There are several modifications we make in our reimagined version of this interface that are necessary for federated learning:

  1. Placement: Metaflow’s @step decorator is replaced by placement decorators that specify where a task will run. In horizontal federated learning, there are server (or aggregator) and client (or collaborator) nodes. Tasks decorated by @aggregator will run on the aggregator node, and @collaborator will run on the collaborator node. These placement decorators are interpreted by Runtime implementations: these do the heavy lifting of figuring out how to get the state of the current task to another process or node.

  2. Runtime: Each flow has a .runtime attribute. The runtime encapsulates the details of the infrastucture where the flow will run. In this experimental release, we support only a LocalRuntime single node implementation, but as this work matures, we will extend to a FederatedRuntime that implements distributed operation across remote infrastructure.

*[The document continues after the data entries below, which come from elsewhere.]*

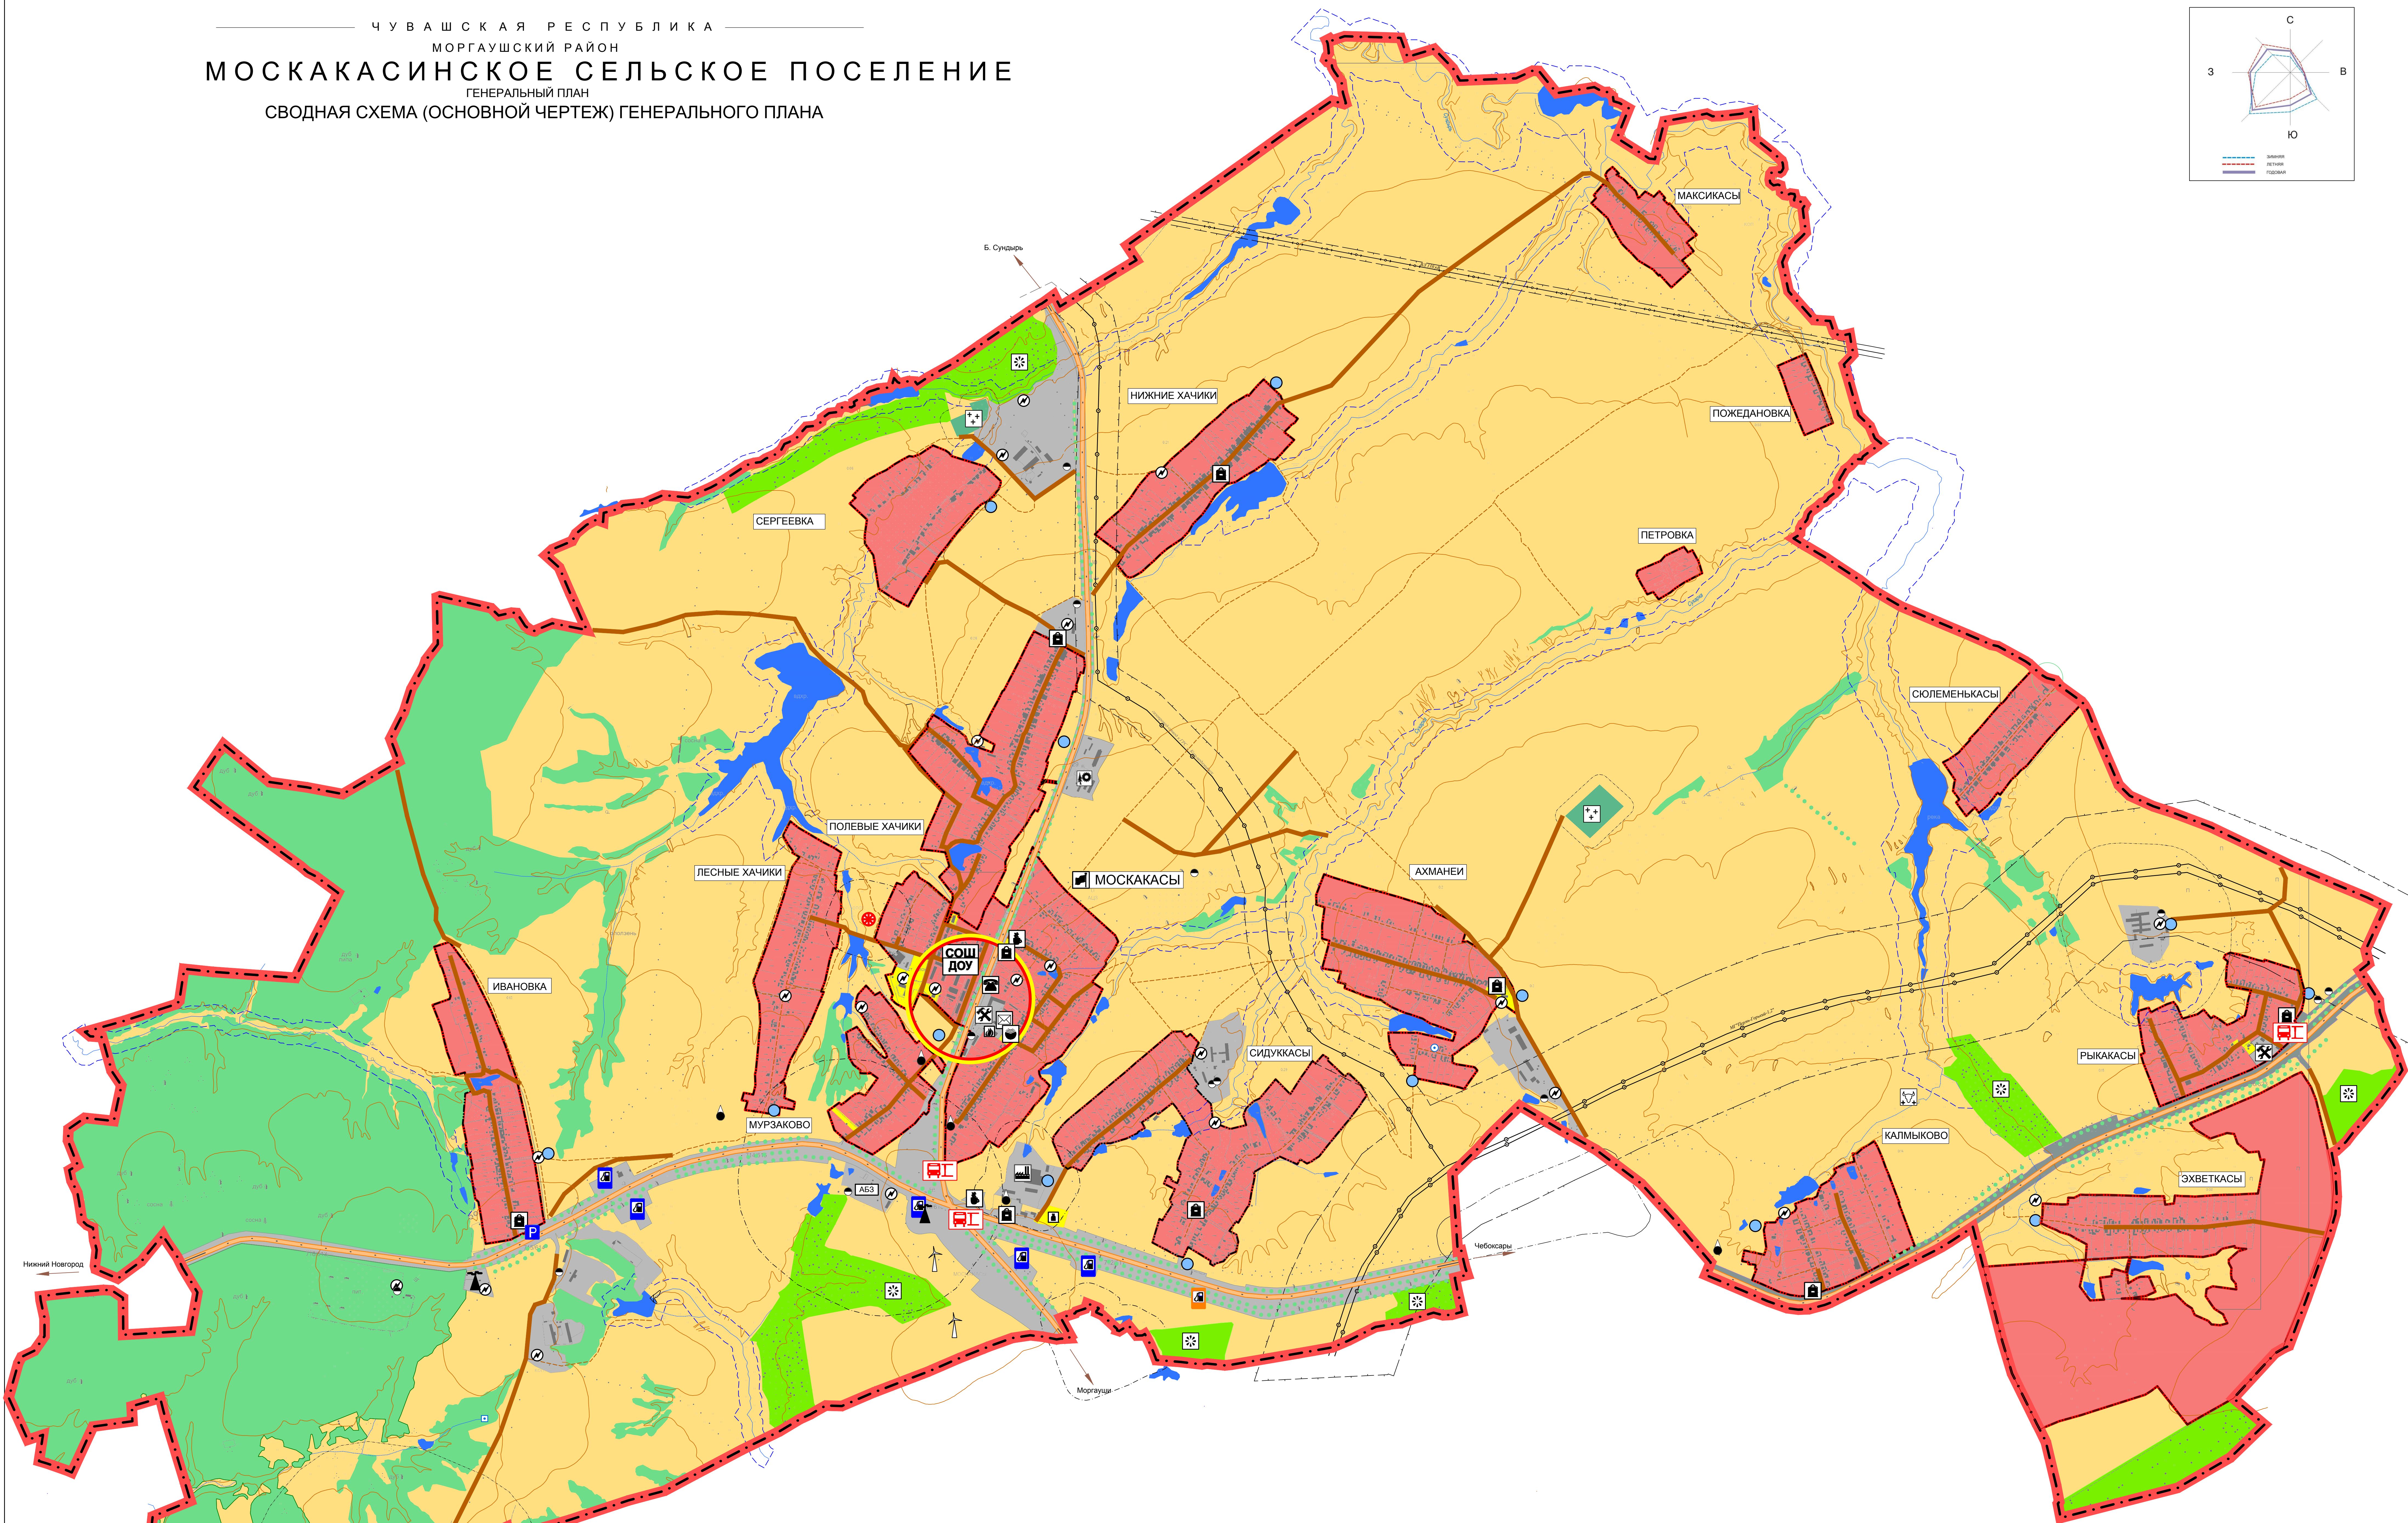

ЧУВАШСКАЯ РЕСПУБЛИКА
 МОРГАУШСКИЙ РАЙОН
МОСКАКАСИНСКОЕ СЕЛЬСКОЕ ПОСЕЛЕНИЕ
 ГЕНЕРАЛЬНЫЙ ПЛАН
 СВОДНАЯ СХЕМА (ОСНОВНОЙ ЧЕРТЕЖ) ГЕНЕРАЛЬНОГО ПЛАНА

ЭКСПЛИКАЦИЯ

ГРАНИЦЫ

- Граница сельского поселения
- Граница населенного пункта
- Граница водоохранных зон
- Граница санитарно-защитных зон от объектов промышленности

НАСЕЛЕННЫЕ ПУНКТЫ

- АБАШЕВО - Центр сельского поселения
- МОШТАУШИ - Прочие сельские населенные пункты
- Жилая зона
- Зона обслуживания населения/существующие общественные центры населенных пунктов

ТЕРРИТОРИИ

- Сельскохозяйственные угодья
- Федеральные леса
- Противоэрозийные и ветрозащитные посадки
- Садоводство
- Производственные зоны
- Центры развития инфраструктуры населенного пункта

ВОДНЫЕ ОБЪЕКТЫ

- Реки (название, направление)
- Ручьи пересыхающие
- Озера, водохранилища, запруды, котловины
- Родники
- Скважины с механическим подъемом воды

ОБЪЕКТЫ С/Х КОМПЛЕКСА И ПРОЧЕГО НАЗНАЧЕНИЯ

- Машинно-тракторная мастерская
- Кладбище
- Скотомогильники
- ЗАО "Чебоксарское предприятие сеспель"
- Лесопилка
- Политон бытовых отходов
- Асфальтобетонный завод
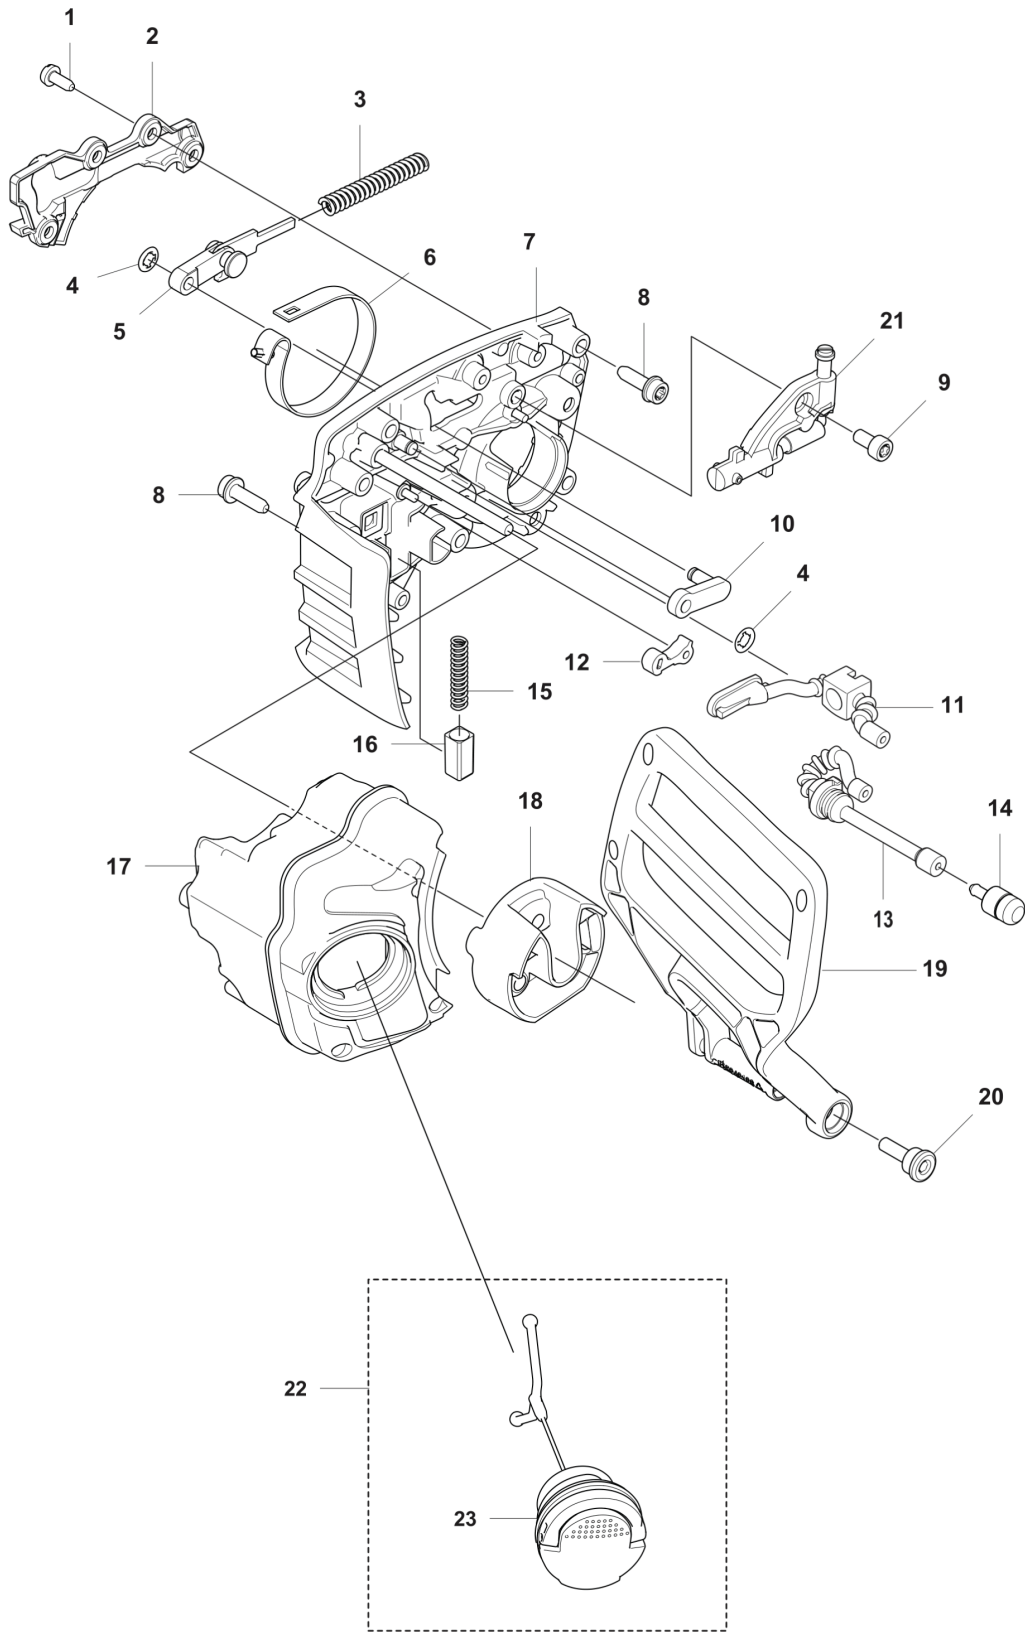

RESERVDELSKATALOG
: HUSQVARNA 540I XP®

Reservdelslista

RESERVDELSLISTA

A 540iXP
CHASSIS

REF.	ART. NR	ARTIKELBESKRIVNING	ANMÄRKNING	KIT
1	595871301	HANDTAGSINLÄGG		1
2	594929202	CHASSI		1
4	504909414	SCREW ITXSCT		2
5	577286601	BARKSTÖD	Inner	1
7	505288501	KEDJEFÅNGARE		1
10	577996601	TRYCKKNAPP		1
11	589273901	GASSPÄRR		1
12	585480001	FJÄDER		1
13	595834001	THROTTLE TRIGGER		1
14	593064201	FJÄDER		1
15	595307201	KÅPA	Air outlet	1
16	594929301	CHASSI	Flywheel side	1
17	593988303	HANDTAG FRÄMRE KPL		1
18	594035702	LUFTINTAG		1
19	580292901	SCREW ITXSCT		10
20	525798103	SCREW ITXSCT		2
21	597682801	TÄCKLOCKSSATS		1
22	597020301	DEKAL		1
23	597020302	DEKAL		1
24	531081901	DEKAL		1
25	531082001	DEKAL		1

B 540iXP
CLUTCH

14

REF.	ART. NR	ARTIKELBESKRIVNING	ANMÄRKNING	KIT
1	525755105	SKRUV ITXSCFM		1
2	597670101	FJÄDERBRICKA		2
3	594035201	KEDJEDREV	.325"mini - 7T	1
3	590087701	KEDJEDREV	3/8"mini - 6T	1
3	579534501	KEDJEDREV	1/4" - 8T	1
4	503230035	BRICKA		1
5	593684401	BROMSTRUMMA		1
6	593784801	PUMPDREV	Assy	1
7	588850301	TAPP		2
8	537397001	SNÄCKSKRUV		1
9	740480702	O-RING		1
10	599724101	SNÄCKHJUL		1
11	505214501	KÅPA	Chain Tensioner	1
12	526221801	SCREW CITXPANT		2
13	505197301	MUTTER	Retainer Assy	1
14	594030302	KOPPLINGSKÅPA KPL	Assy	1
15	594030202	KOPPLINGSKÅPA		1

C 540iXP
CHAIN BRAKE

970572400, 970572500, 970572800, 970572700

REF.	ART. NR	ARTIKELBESKRIVNING	ANMÄRKNING	KIT
1	526221801	SCREW CITXPANT		4
2	593641601	KÅPA		1
3	595026101	BROMSFJÄDER		1
4	596302401	BRICKA		2
5	599231901	KNÄLED KPL		1
6	585590301	BROMSBAND		1
7	596953601	CHASSIS ASSY		1
8	573925801	SCREW ITXSCFT		6
9	525824904	SKRUV ITXSCM		1
10	593722301	DRIVLÄNK		1
11	599976901	OLJESLANG		1
12	505201201	SPÄRR		1
13	599976801	OLJESLANG		1
14	503967501	OLJELÖD		1
15	503436501	LÄGESFJÄDER		1
16	537210701	FJÄDERSTYRNING		1
17	531344901	OLJETANK		1
18	594919801	KASTSKYDD		1
19	594919601	KASTSKYDD		1
20	580284201	SCREW		1
21	544180103	OLJEPUMP KPL		1
22	522620003	TANKLOCK KPL		1
23	589241101	PACKNING		1
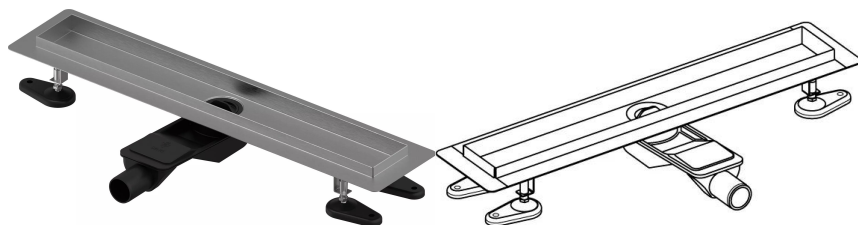

## Uponor Aqua Ambient wpust liniowy prysznicowy niski silver 30/600mm

1136407

- kompatybilny z różnymi wzorami rusztów
- do zabudowy o niskiej konstrukcji podłogi
- przepływ: 0,6 l/s
- syfon z koszem do czyszczenia, połączenie do rur kanalizacyjnych DN 40, poziome ustawienie odpływu 360°
- materiał korpusu: stal nierdzewna
- materiał syfonu: polipropylen / ABS

## Uponor Aqua Ambient wpust liniowy prysznicowy niski silver 30/600mm

1136407

## Dane techniczne

Item no EAN	6414900483056
Item no GTIN	06414900483056
Pozycja (jednostka miary)	szt.
Długość (l)	660 mm
Długość (l1)	600 mm
Z-measurement h	98 mm
Z-measurement h1	82 mm
Z-measurement h2	40 mm
Z-measurement w	303 mm
Z-measurement w1	143 mm
Ilość opakowań 1	1
Packaging GTIN PL1	06414900485371
Packaging GTIN PL4	06414900485579
Item Unit Length	660
Item Unit Height	83
Item Unit Weight	1,62
Item Unit Width	143
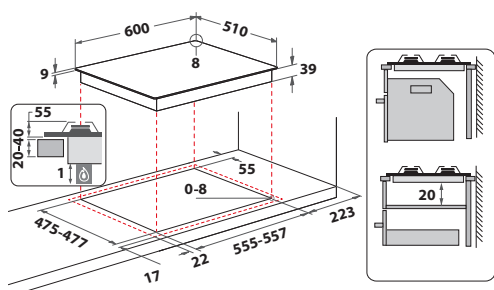

GMT 6422 AN

Rustikálna plynová varná doska so smaltovaným povrchom

- 4 plynové horáky, **výkonný trojkorunkový horák**
- Integrované zapalovanie horákov
- Bezpečnostné ventily horákov
- **2 liatinové mriežky**
- Vyhotovenie: rustikálny dizajn, antracit
- Maximálny výkon horákov: 9 kW
- Príslušenstvo: trysky na propán-bután
- Rozmery (v × š × h): 33 × 590 × 510
- Výrez (š × h): 555 × 475 mm

  3. Conditional branches: Perform different tasks if a criteria is met

  4. Loops: Internal loops are within a flow; this is necessary to support rounds of training where the same sequence of tasks is performed repeatedly.

How to use it?

Let’s start with the basics. A flow is intended to define the entirety of federated learning experiment. Every flow begins with the start task and concludes with the end task. At each step in the flow, attributes can be defined, modified, or deleted. Attributes get passed forward to the next step in the flow, which is defined by the name of the task passed to the next function. In the line before each task, there is a placement decorator. The placement decorator defines where that task will be run. The OpenFL Workflow Interface adopts the conventions set by Metaflow, that every workflow begins with start and concludes with the end task. In the following example, the aggregator begins with an optionally passed in model and optimizer. The aggregator begins the flow with the start task, where the list of collaborators is extracted from the runtime (self.collaborators = self.runtime.collaborators) and is then used as the list of participants to run the task listed in self.next, aggregated_model_validation. The model, optimizer, and anything that is not explicitly excluded from the next function will be passed from the start function on the aggregator to the aggregated_model_validation task on the collaborator. Where the tasks run is determined by the placement decorator that precedes each task definition (@aggregator or @collaborator). Once each of the collaborators (defined in the runtime) complete the aggregated_model_validation task, they pass their current state onto the train task, from train to local_model_validation, and then finally to join at the aggregator. It is in join that an average is taken of the model weights, and the next round can begin.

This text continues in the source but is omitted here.